Monthly Archives: March 2012

The Mystery My Mother Left Behind

by Lev Raphael (Okemos, MI)

My late mother loved the New York Times crossword and she loved reading mysteries. Born in Poland, she said the puzzle helped her perfect her English; she never explained the specific appeal of crime novels, but she was a huge fan of Agatha Christie, John Creasey, Frances and Richard Lockridge, and Maj Sjowall and Per Wahloo. I read almost all the mystery library books she brought home; they were always better than the books assigned in school. On my own, I discovered the comic mysteries of Phoebe Atwood Taylor. While my mother enjoyed a good joke and had an Imogene Coca kind of laugh, those books weren’t serious enough for her.

It wasn’t until after my mother died in 1999 that I discovered profound and unsettling mysteries in her own life that I’m still trying to unravel. My mother was a Holocaust survivor. She lost her family, her home, her freedom — and would have lost her life if the war had lasted any longer than it did. She spoke about those war years sparingly, and when she did, I was too young or too overwhelmed to ask the right questions that would have yielded more information.
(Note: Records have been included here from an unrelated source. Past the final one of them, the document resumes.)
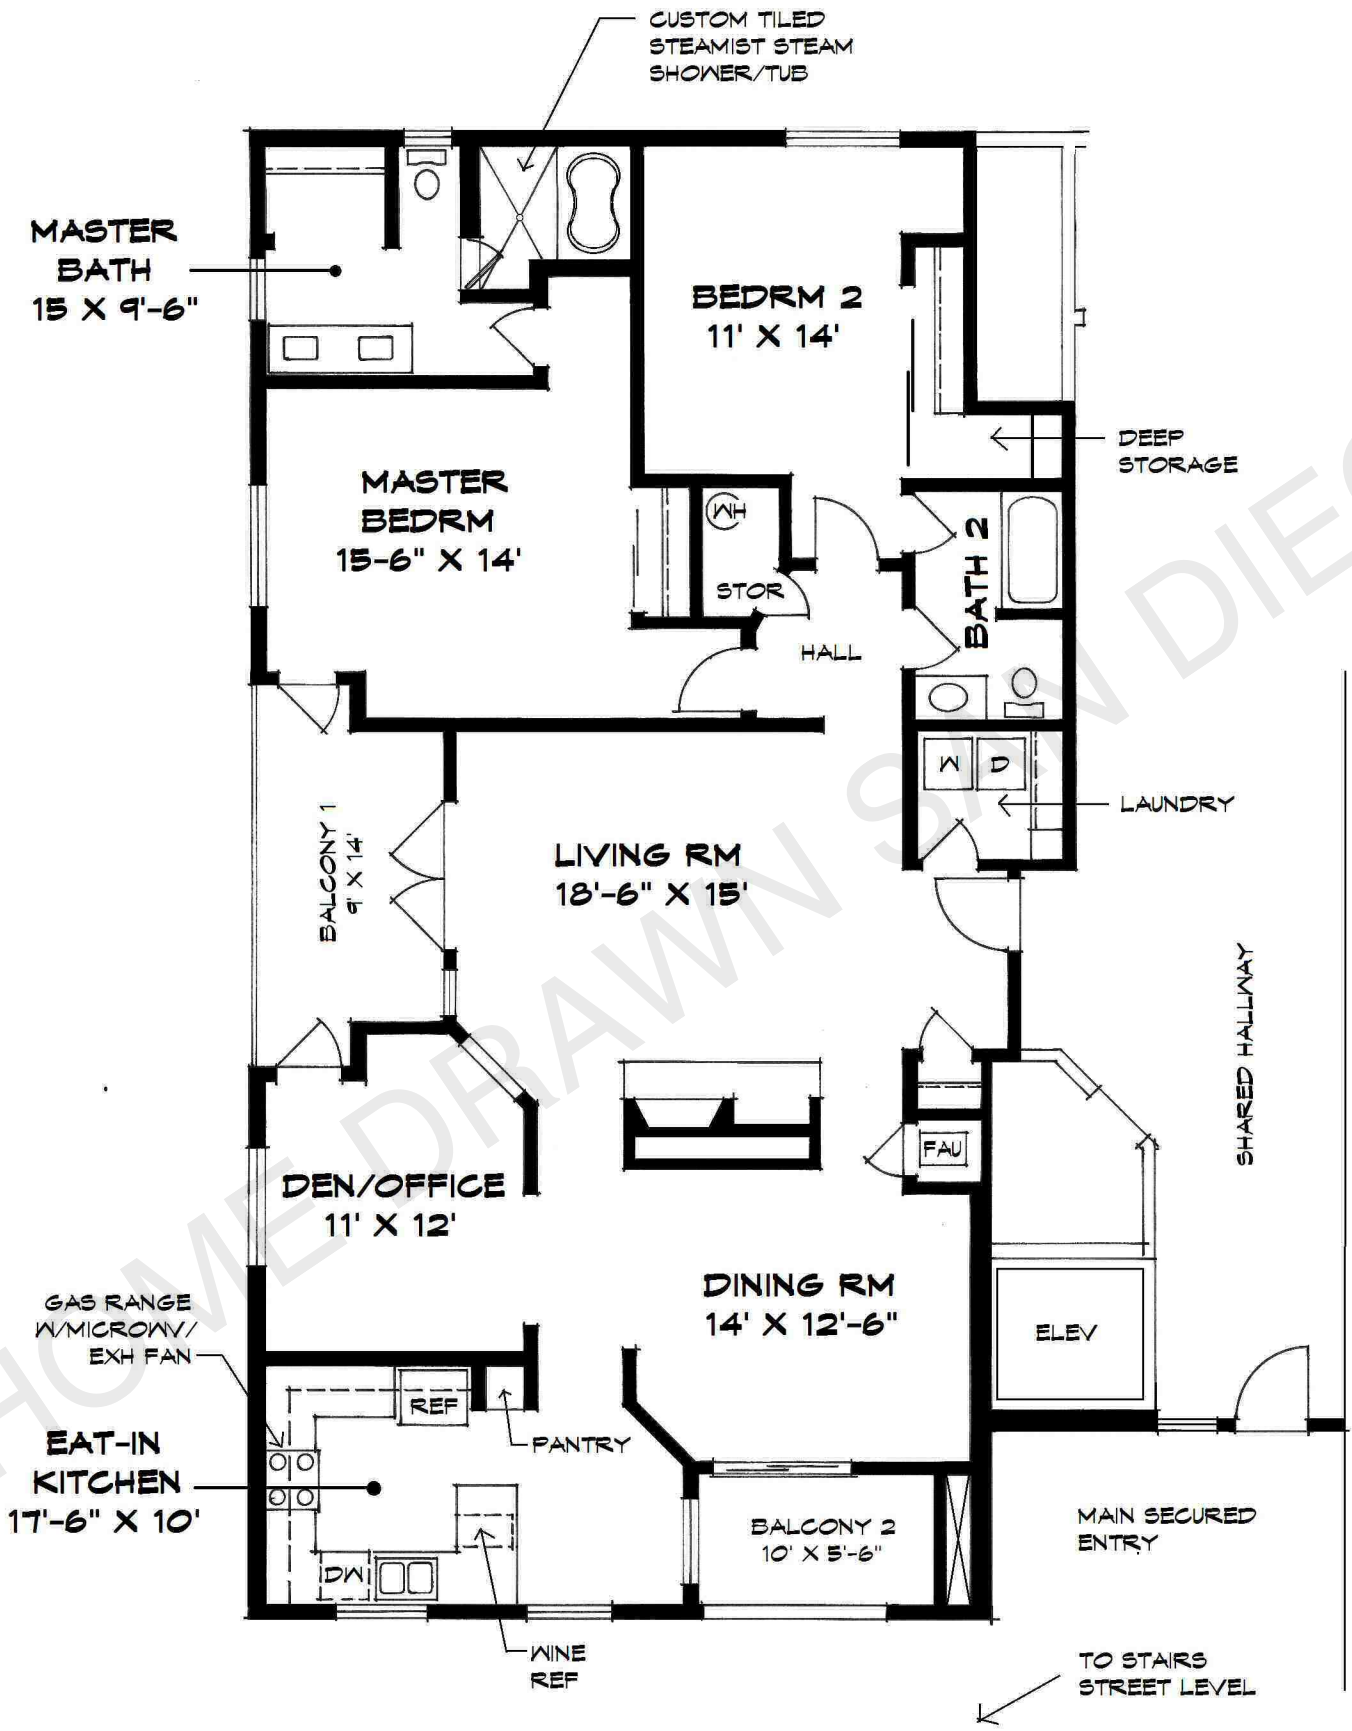

UNIT 103
 226 ORANGE AVENUE
 CORONADO, CA 92118

FLOOR PLAN

SCALE APPROXIMATE
 MEASUREMENTS SHOULD
 BE CONFIRMED.

NORTH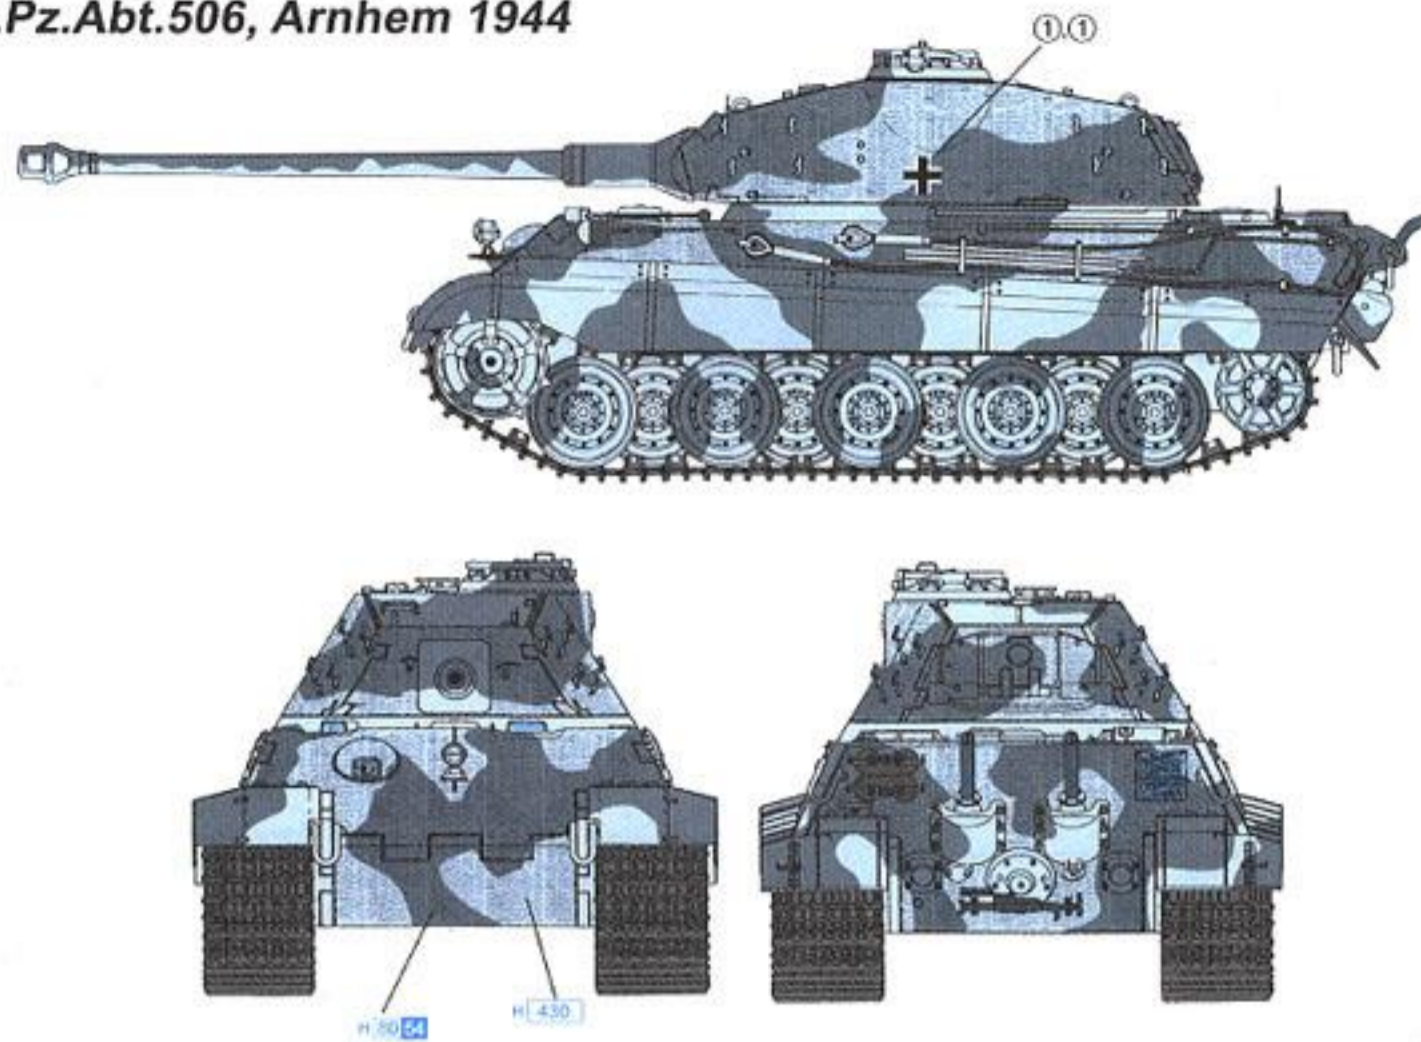

s.Pz.Abt.506, Arnhem 1944

Going through her things after the funeral, I found something shocking in her closet. My mother had kept the concentration camp uniform she was wearing when she was liberated by the Americans in April 1945. You’ve probably seen “dresses” like these in movies and documentaries: thin, crudely sewn, it was gray with purplish stripes (though the colors may have changed over the decades). My father told me she’d washed it after the war, but he couldn’t say why she had kept this reminder of her horrible brutalization and the nightmare of seeing her world ground to dust.
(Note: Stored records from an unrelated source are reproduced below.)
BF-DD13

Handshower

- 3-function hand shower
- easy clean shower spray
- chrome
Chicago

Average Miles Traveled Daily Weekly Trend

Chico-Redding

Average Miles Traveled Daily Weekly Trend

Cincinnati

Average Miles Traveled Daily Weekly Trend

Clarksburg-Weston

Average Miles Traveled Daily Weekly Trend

I knew the names of the camps my mother had been in and contacted one via email but nobody could find records for her. This was troubling, since I knew that despite bombings and German attempts to destroy files, records existed for many camps. And then I tried again, this time using the number on her uniform.

A world of mysteries opened up to me. For at least part of the war, my mother, Helena Klaczko, was listed in several Nazi records as Lidja Garbel. How do I know this Garbel and my mother were the same woman? Because the insanely detailed prisoner card for my mother at Buchenwald lists her parents’ name, her street address in Poland, her education and her birth date. All the information matches what I know to be fact. Whatever her name, the woman with that number on her camp dress was the woman listed on the card and indisputably my mother.

But why did she have another name? The mystery deepened when I discovered that in a transport from one camp to another, there was a woman whose number was right before my mother’s and whose last name was also Garbel. So somehow, for some reason, my mother took this other woman’s last name as hers. But why? And why Lidja? Was it possible there had been an actual Lidja Garbel whose name my mother had assumed for some reason? The sister of this Frida Garbel?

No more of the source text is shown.